» **WHAT TO PRODUCE**: Begin at the top of the records below and print each line exactly until the line containing "Die evo180 Garderobenregale" has been printed; any pictures are to be left out.

» **RECORDS TO USE**:
○ ○ ○ ○ ○ ○ ○
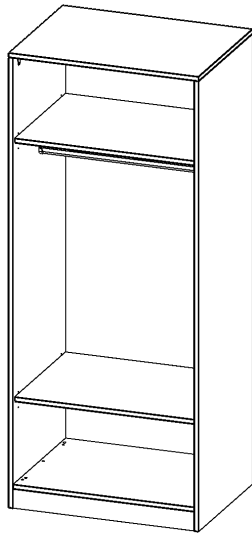

R8065KR

PRODUKTDATENBLATT
WWW.MOEBELWERK-NIESKY.DE

GARDEROBENREGAL, 5 ORDNERHÖHEN - SERIE EVO180

MIT GARDEROBENSTANGE, MIT SOCKEL (81 MM), B/H/T: 80X190X60 CM

PRODUKTBESCHREIBUNG

Die evo180 Garderobenregale in verschiedenen Höhen und Breiten sind ein Kernstück unseres evo180 Schrankwandprogrammes. Die Rückwand ist als Sichtrückwand ausgeführt, dementsprechend eignen sich alle evo180 Einzelschränke oder Schrankwände auch als Raumteiler.

Im Regal befinden sich 2 Einlegeböden (Hut- und Schuhablage) sowie eine Kleiderstange.

Alle Garderobenregale werden aus melaminharzbeschichteter E1 Feinspanplatte gefertigt, die FSC zertifiziert und formaldehydfrei sind. Als Kanten verwenden wir besonders robuste 2 mm starke ABS Kanten, die unter hoher Temperatur fest verleimt werden. Bitte wählen Sie Ihr Wunschdekor aus unserer Dekorpalette aus. Die Einlegeböden sind im Raster von 32 mm verstellbar. Unsere hochwertigen Bodenträger verfügen über einen "Ausziehstop", so wird verhindert, dass Böden mit Inhalt darauf aus dem Regal oder Schrank rutschen können.

Konfigurieren Sie Ihren Wunsch Garderobenregal indem Sie bei den angebotenen Varianten Ihre Auswahl treffen.

EIGENSCHAFTEN

- Garderobenregal, 5 Ordnerhöhen
- Garderobenstange
- Hutablage
- Höhe 190 cm für Standard Ordner
- Sichtrückwand, mit Sockel

Zubehör

Freistehend

28.10.2024
Seite 1/2

Artikelnummer	R8065KR	
Breite / Höhe / Tiefe	800 mm / 1900 mm / 600 mm	31.5" / 74.8" / 23.6"
Ordnerhöhen	5	
Konstruktionsböden	2	
Fächer	3	
Montageart	Freistehend	
Einsatzbereich	Grundschule, Weiterführende Schule, Büro und Objekt, Konferenzraum	
Material	Melaminplatte	
Produktlinie	evo180	
Bauart	mit Garderobenstange
○ ○ ○ ○ ○ ○ ○
» **EXERCISE RESPONSE**:
R8065KR

PRODUKTDATENBLATT
WWW.MOEBELWERK-NIESKY.DE

GARDEROBENREGAL, 5 ORDNERHÖHEN - SERIE EVO180

MIT GARDEROBENSTANGE, MIT SOCKEL (81 MM), B/H/T: 80X190X60 CM

PRODUKTBESCHREIBUNG

Die evo180 Garderobenregale in verschiedenen Höhen und Breiten sind ein Kernstück unseres evo180 Schrankwandprogrammes. Die Rückwand ist als Sichtrückwand ausgeführt, dementsprechend eignen sich alle evo180 Einzelschränke oder Schrankwände auch als Raumteiler.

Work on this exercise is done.